Compute how many lines in the data below contain "utbildningar"; answer only with that number.

__DATA UNDER STUDY__:
◇ ◇ ◇ ◇

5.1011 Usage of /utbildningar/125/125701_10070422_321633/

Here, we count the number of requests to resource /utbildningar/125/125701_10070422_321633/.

◇ ◇ ◇ ◇

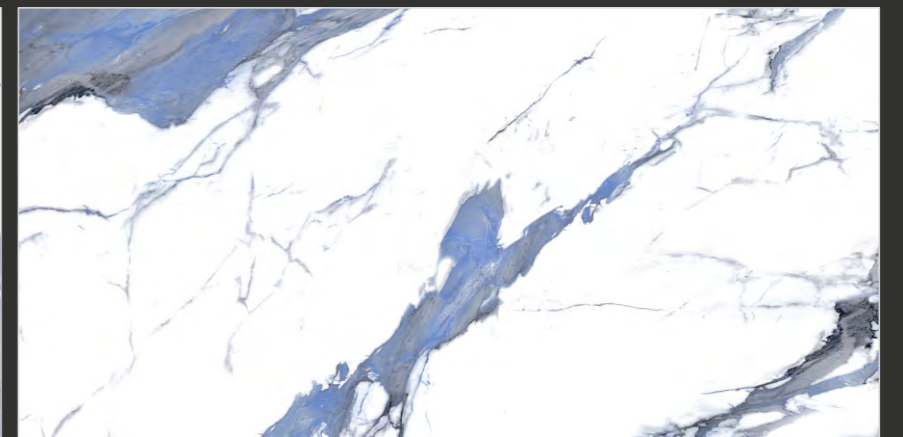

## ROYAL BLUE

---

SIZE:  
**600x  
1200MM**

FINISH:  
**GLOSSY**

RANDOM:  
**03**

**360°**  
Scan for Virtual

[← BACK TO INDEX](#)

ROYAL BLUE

◇ ◇ ◇ ◇

__TASK RESULT__: 2